RECORDED DATA

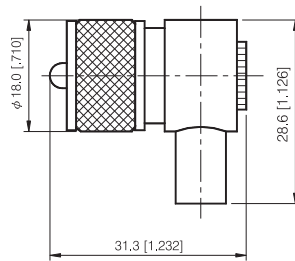

UHF Series

CRIMP ATTACHMENTS FOR FLEXIBLE CABLE

UHF

STRAIGHT CRIMP PLUG-CAPTIVE CONTACT

P/N	Cable Group	Impedance
105-M010	01	50

RIGHT ANGLE PLUG

P/N	Cable Group	Impedance
105-M020	01	50

UHF Series

CRIMP ATTACHMENTS FOR FLEXIBLE CABLE

STRAIGHT CRIMP JACK

P/N	Cable Group	Impedance
105-F020	01	50
105-F021	09	50

UHF Series

CRIMP ATTACHMENTS FOR FLEXIBLE CABLE

UHF PLUG CRIMP

P/N	Cable Group	Impedance
105-M030	01	50
	13	50

GOAL OF THE EXERCISE
Each line in the material with "STRAIGHT" in it must be reported.

SOLUTION
STRAIGHT CRIMP PLUG-CAPTIVE CONTACT
STRAIGHT CRIMP JACK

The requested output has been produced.